Mathenot, très exalté, gesticulant, debout, à son tour, clamait ces phrases à bout portant dans la figure de Théodore Barbaroux, qui répétait obstinément :

— Mais c’est impossible ! Mais c’est incroyable ! Mais je n’admettrai jamais une chose pareille !… Voyons, réfléchissez… Comment, vous, Mathenot, un prêtre ! pouvez-vous croire qu’un homme aussi pieux que M. Augulanty…

— Mais s’il est un hypocrite…

— Non, non. L’hypocrisie a des bornes. Un hypocrite ne peut pas passer pour un homme réellement religieux. Dieu ne permettrait pas que les mauvais ressemblassent à ce point aux bons… D’ailleurs, croyez bien que je sais reconnaître la vraie piété de la fausse. Augulanty a encore communié dimanche passé ! Et vous admettez un pareil sacrilège ? Mais ce serait un démoniaque, un possédé !

— Monsieur le directeur, je ne fais que vous répéter ce que je sais.

— Mais comment le savez-vous ? s’écria tout à coup l’abbé, d’une voix bourrue.

— J’ai pris des renseignements, j’ai consulté des gens qui le connaissent, j’ai…, murmura Mathenot, passablement interloqué et qui ne pouvait dire qu’il était au courant de la vie de son collègue par les potins de M. Bermès et les ragots d’une épicière.

— C’est cela ! s’écria l’abbé Barbaroux, qui commençait à montrer une véritable colère, vous avez fait parler des gens, vous avez recueilli des cancans ! Des renseignements de concierge ! Et c’est là-dessus que vous vous basez pour accuser M. Augulanty ! Ah ! c’est indigne, cela, Mathenot, indigne ! Je n’aurais jamais cru cela de vous ! — Mais, enfin, continuait l’abbé, en marchant de long en large dans le salon, les mains enfoncées aux poches de sa soutane, quand on répète des accusations pareilles, on en porte la preuve, au moins… En avez-vous ?

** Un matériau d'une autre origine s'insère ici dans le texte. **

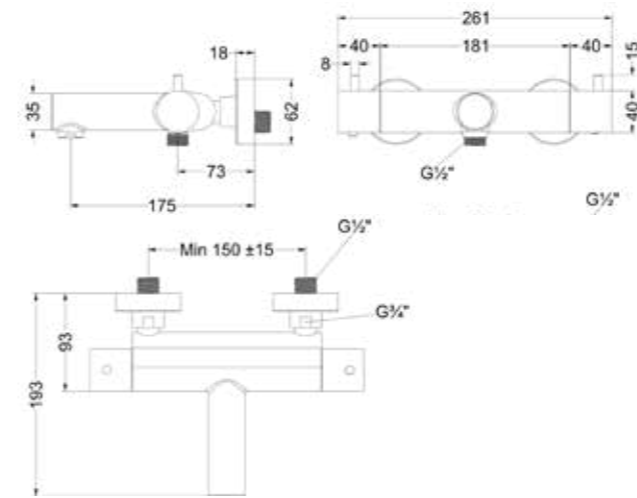

Opbouw badthermostaatkraan met vaste uitloop
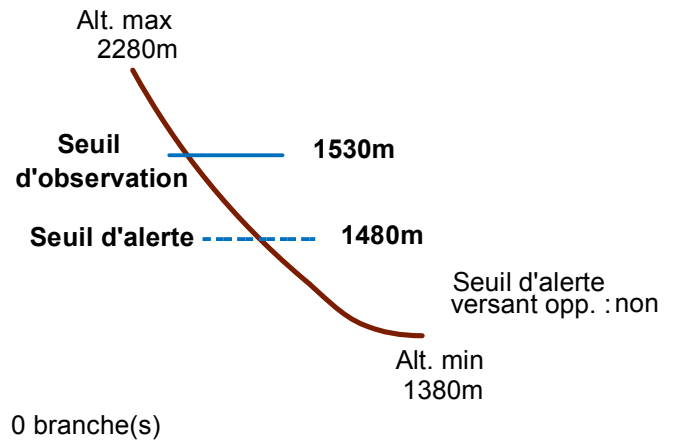

# 05161 SALLE LES ALPES

Nom : ECOLE D'ESCALADE

n° 001

Observation permanente

Remarques :

Feuilles Epa/CIpa : BA66 , BB66

Seuil d'observation 50m amont route  
Seuil d'alerte au niveau de la route
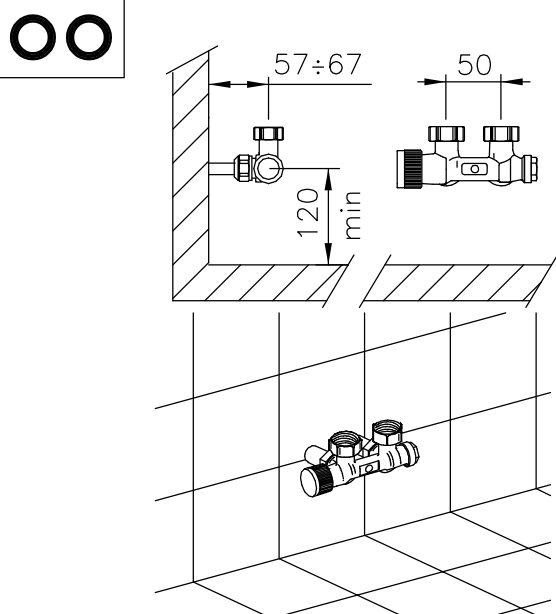

Badheizkörper CHACHA

2019.01

Montageanleitung
Assembly instructions
Instructions de montage
Istruzioni di montaggio
Instrucciones de montaje
Instrucțiuni pentru montare

Service:
BEMM GmbH
Postfach 10 01 44
D-31101 Hildesheim
Fon +49(0) 51 21 / 93 00 - 0
Fax +49(0) 51 21 / 93 00 84
eMail info@bemm.de

1

2

3

4

5

6

A

7

B

8

Befestigungen zur Anwendung nur an tragfähigem Mauerwerk/Beton.
Fissaggi da utilizzare solo su pareti con muratura forata.
Brackets to only use on pierced masonry.
Fixations à utiliser seulement sur murs en mur percé.
Fijadores para poner sólo en paredes de albañilería perforada.
Fixaje de utilizat numai pe zidul cu pereții prevăzuti cu găuri.

9

10

— Mais, monsieur le directeur, murmura Mathenot, décontenancé, ce que je dis en est une…

— Ça, une preuve, allons donc ! J’appelle preuve un fait visible, tangible… un fait !

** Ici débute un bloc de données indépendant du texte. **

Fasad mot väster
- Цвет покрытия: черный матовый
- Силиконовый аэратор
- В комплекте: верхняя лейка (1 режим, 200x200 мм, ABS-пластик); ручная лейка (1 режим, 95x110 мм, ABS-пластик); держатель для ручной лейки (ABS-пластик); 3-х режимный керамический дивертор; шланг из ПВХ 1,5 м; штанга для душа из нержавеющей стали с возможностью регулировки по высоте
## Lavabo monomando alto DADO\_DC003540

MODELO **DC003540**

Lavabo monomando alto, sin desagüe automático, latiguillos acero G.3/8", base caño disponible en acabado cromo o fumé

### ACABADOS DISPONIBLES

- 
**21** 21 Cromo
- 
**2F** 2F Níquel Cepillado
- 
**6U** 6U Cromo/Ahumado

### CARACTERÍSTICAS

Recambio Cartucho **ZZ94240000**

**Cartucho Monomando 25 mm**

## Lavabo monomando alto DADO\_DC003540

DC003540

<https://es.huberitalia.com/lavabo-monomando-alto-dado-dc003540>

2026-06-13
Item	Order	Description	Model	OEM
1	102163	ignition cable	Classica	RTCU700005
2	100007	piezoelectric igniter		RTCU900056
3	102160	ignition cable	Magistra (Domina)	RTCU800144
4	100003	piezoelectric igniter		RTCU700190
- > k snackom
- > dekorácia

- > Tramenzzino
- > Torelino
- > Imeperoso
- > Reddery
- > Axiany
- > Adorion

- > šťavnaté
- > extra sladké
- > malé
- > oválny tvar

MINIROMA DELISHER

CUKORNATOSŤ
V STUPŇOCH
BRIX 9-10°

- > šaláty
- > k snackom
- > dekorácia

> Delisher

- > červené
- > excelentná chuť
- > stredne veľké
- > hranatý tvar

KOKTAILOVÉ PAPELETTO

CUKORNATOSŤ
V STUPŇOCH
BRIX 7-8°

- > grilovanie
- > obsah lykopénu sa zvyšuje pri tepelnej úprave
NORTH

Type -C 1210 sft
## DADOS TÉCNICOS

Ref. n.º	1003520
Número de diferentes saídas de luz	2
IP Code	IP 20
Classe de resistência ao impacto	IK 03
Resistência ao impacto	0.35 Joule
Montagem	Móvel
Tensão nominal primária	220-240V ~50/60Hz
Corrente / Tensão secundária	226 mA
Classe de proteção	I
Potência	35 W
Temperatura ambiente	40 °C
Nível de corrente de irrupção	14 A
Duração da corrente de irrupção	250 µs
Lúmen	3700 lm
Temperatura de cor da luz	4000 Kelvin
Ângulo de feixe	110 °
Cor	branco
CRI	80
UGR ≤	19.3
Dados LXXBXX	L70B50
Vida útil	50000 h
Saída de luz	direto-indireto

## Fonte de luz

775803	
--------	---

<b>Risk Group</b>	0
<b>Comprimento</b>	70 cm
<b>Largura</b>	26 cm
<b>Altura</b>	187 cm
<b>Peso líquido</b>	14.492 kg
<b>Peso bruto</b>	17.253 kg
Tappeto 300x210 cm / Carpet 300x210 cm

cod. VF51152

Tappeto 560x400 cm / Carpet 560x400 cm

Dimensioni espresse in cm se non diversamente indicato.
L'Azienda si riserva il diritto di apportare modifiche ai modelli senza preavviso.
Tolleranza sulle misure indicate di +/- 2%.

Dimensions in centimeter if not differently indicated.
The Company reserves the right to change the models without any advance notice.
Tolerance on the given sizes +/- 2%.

— En ce cas, monsieur le directeur, il est impossible de le prouver… J’ai cru utile de vous mettre en garde contre un menteur et… un fripon ! Vous n’y croyez pas ! Libre à vous. Vous voulez continuer à laisser comme professeur à nos enfants, dans une maison chrétienne, un libertin et un athée… Je ne vous en empêche pas… Dieu vous éclairera tôt ou tard ! Quant à moi, j’aurai fait mon devoir. On peut croire que j’agis par jalousie. Non, monsieur le directeur, croyez-le bien !… Mais c’est dans votre intérêt que je parle, ne le comprenez-vous pas ? s’écriat-il d’une voix plus enrouée, vous ne savez pas combien je vous aime, combien je vous admire, combien je suis dévoué à l’école Saint-Louis-de-Gonzague, parce que c’est une grande œuvre de foi, dans un temps pourri, achevé, qui ne croit plus à rien… Vous êtes mon maître, je suis fier d’être votre disciple et de le dire ! Et quand je vois que votre bonté, votre confiance vous égarent, quand je vois…

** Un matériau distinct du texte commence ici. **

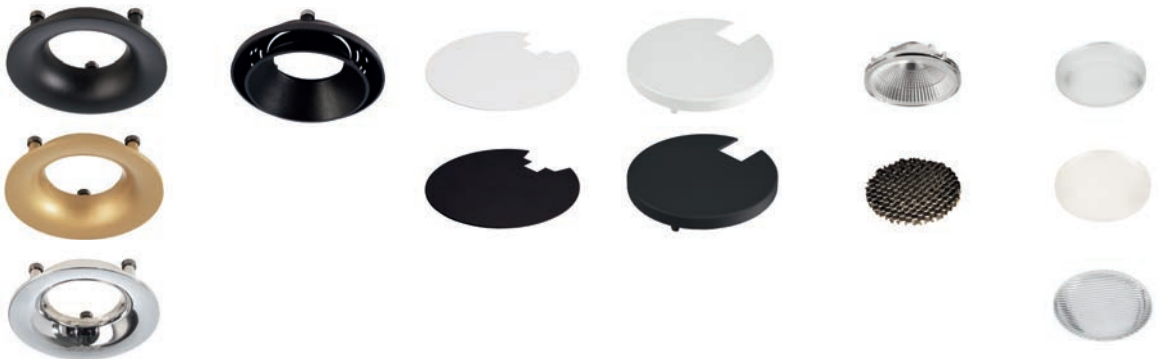

passende
Deckeneinbau-
leuchten
Seite 138
565343
565361

passende
Wandaufbau-
leuchten
Seite 171
3412158
341232

passende
Stromschienen-
leuchte
Seite 352
707044
707131

UNI II TRIPLE

- Aluminium Druckguss
- Leuchte L x B x H: 324 x 100 x 103 mm
- Sockel L x B x H: 315 x 25 x 14,5 mm
- dimmbar über Phasenan- oder Phasenabschnitt

Artikel	Farbe	Farbtemperatur	Lichtstrom	Preis
348107	<input type="checkbox"/> weiß	3000 K	2150 lm	369,95 €
348210	<input checked="" type="checkbox"/> schwarz	3000 K	2150 lm	369,95 €

Zubehör für UNI II Serie

930339	Reflektor-Ring schwarz	10,95 €
930340	Reflektor-Ring goldfarben	10,95 €
930341	Reflektor-Ring chrom	10,95 €
930371	Reflektor-Ring II schwarz glänzend	10,95 €
930334	Abdeckung hinten weiß	3,55 €
930335	Abdeckung hinten schwarz	2,95 €
930336	Abdeckung Kühlkörper weiß	3,55 €
930337	Abdeckung Kühlkörper schwarz	7,95 €
930306	Reflektor 48°	8,95 €
930307	Wabenfilter	8,95 €
930308	Spread Lens 40° klar/satiniert	8,95 €
930309	Softening Lens 48° satiniert	8,95 €
930310	Linear Spread Lens 40°/80° asymmetrisch klar/satiniert	8,95 €
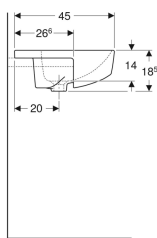

### Käyttötarkoitukset

- Asennukseen tasoon

### Tekniset tiedot

Materiaali

Vitroposliini

- Malline

Tuotenro	LVI nro.	Väri / pinta	Hanareikä	Ylivuoto	B	H	T
500.681.01.1	5618526	Valkoinen	Keskellä	Näkyvä	55 cm	18.5 cm	45 cm
500.681.00.1 *	5618527	Valkoinen / KeraTect	Keskellä	Näkyvä	55 cm	18.5 cm	45 cm
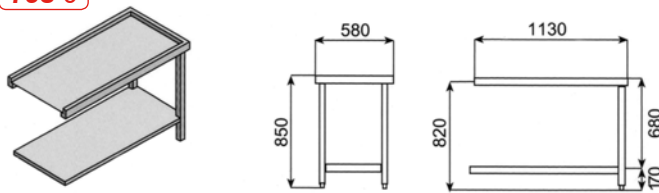

Opciones modelos cúpula - Planos de trabajo (Bajo pedido)

SALPICADEROS

ATA.113 (izquierda) **ATA.114** (Derecha) **ATA.115** (Frontal)
388 € **388 €** **378 €**

ATA.110 (izquierda) **ATA.111** (Derecha) **ATA.112** (Frontal)
388 € **388 €** **378 €**

ATA.107
274 €

PLANOS DE TRABAJO

ATA.108
546 €

ATA.109
798 €

ATA.116 (izquierda) **ATA.117** (Derecha) **ATA.118** (Frontal)
2.000 €

ATA.119 (izquierda) **ATA.120** (Derecha) **ATA.121** (Frontal)
2.200 €

ATA.122 (izquierda) **ATA.123** (Derecha) **ATA.124** (Frontal)
2.400 €

LAVAMANOS + DESAGÜE

NOTA:
 Izquierda/derecha/frontal indica la situación donde va a ir collada al lavavajillas.
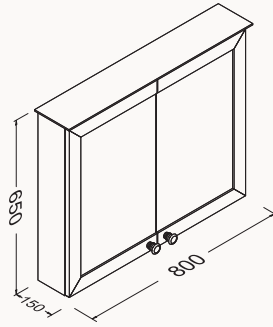

80

800x150x650 mm
üst dolap

gövde membran
iç raflar cam

27PL2060080I kaşmir

27SI2094080I antrasit

38

380x1400x315 mm
boy dolabı

gövde membran
kapaklar membran
hinged door (yavaş kapanma)
iç raflar cam
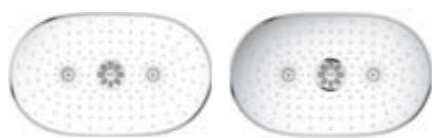

ВАРИАНТЫ ПОКРЫТИЯ:

○ LS0
Белая луна

● 000
Хром
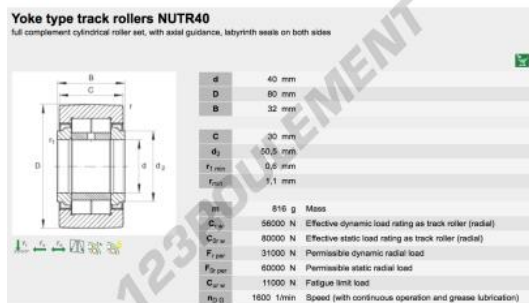

### CARACTÉRISTIQUES PRODUIT

Marque	INA
N° Ean13	4012802646078
Diam. intérieur	40 mm
Diam. extérieur	80 mm
Epaisseur	32 mm
Poids	838 g
Charge dynamique	57 kN
Charge statique	80 kN
Conditionnement	-
Norme	Sans norme
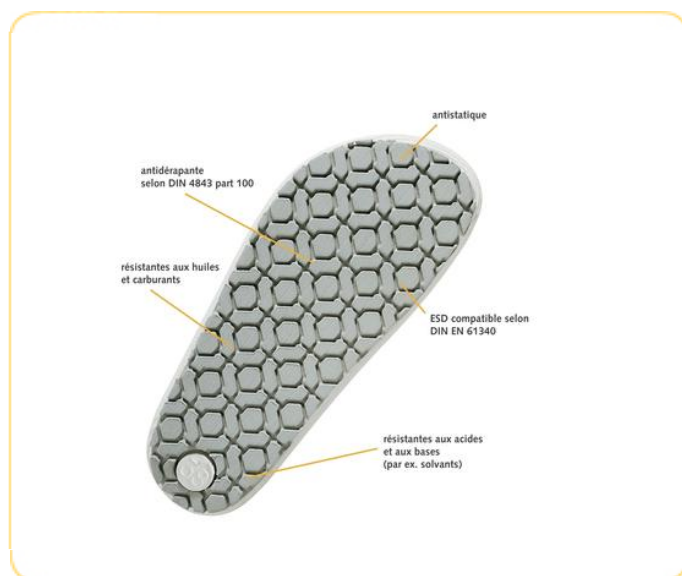

Chaussures de travail avec semelle caoutchouc Art. 5100 Sabot blanc ESD

ABEBA[®]
Chaussures de travail et de sécurité

- Size: 36 - 47
- EN ISO 20347:2007
- OB A SRA
- cuir
- brides fixes réglables
- dessus et semelle intérieure en cuir
- bride d'empigne réglable
- semelle caoutchouc antidérapante selon DIN 4843 part 100
- ESD compatible selon DIN EN 61340
- blanc

Mathenot, suffoqué, se tut. Cet homme rude, brutal et cassant, avait des larmes dans les yeux. Cette émotion troubla l’abbé Barbaroux.

— Mon cher Mathenot, dit-il, d’une voix radoucie, je ne vous soupçonne pas de jalousie, je vous connais trop pour cela I Excusez-moi si je suis allé trop loin dans mes expressions. Mais la surprise a été si forte… La Providence ne m’abandonnera pas, elle m’inspirera un moyen de connaître la vérité. Je ne méprise pas votre avis, je prendrai mes renseignements.

Mathenot se retira. Il espérait bien que l’abbé Barbaroux apprendrait l’infamie d’Augulanty. Quelle reconnaissance alors il aurait pour l’homme qui l’avait débarrassé d’un tel hypocrite ! Mathenot, emporté par son imagination, se voyait déjà économe.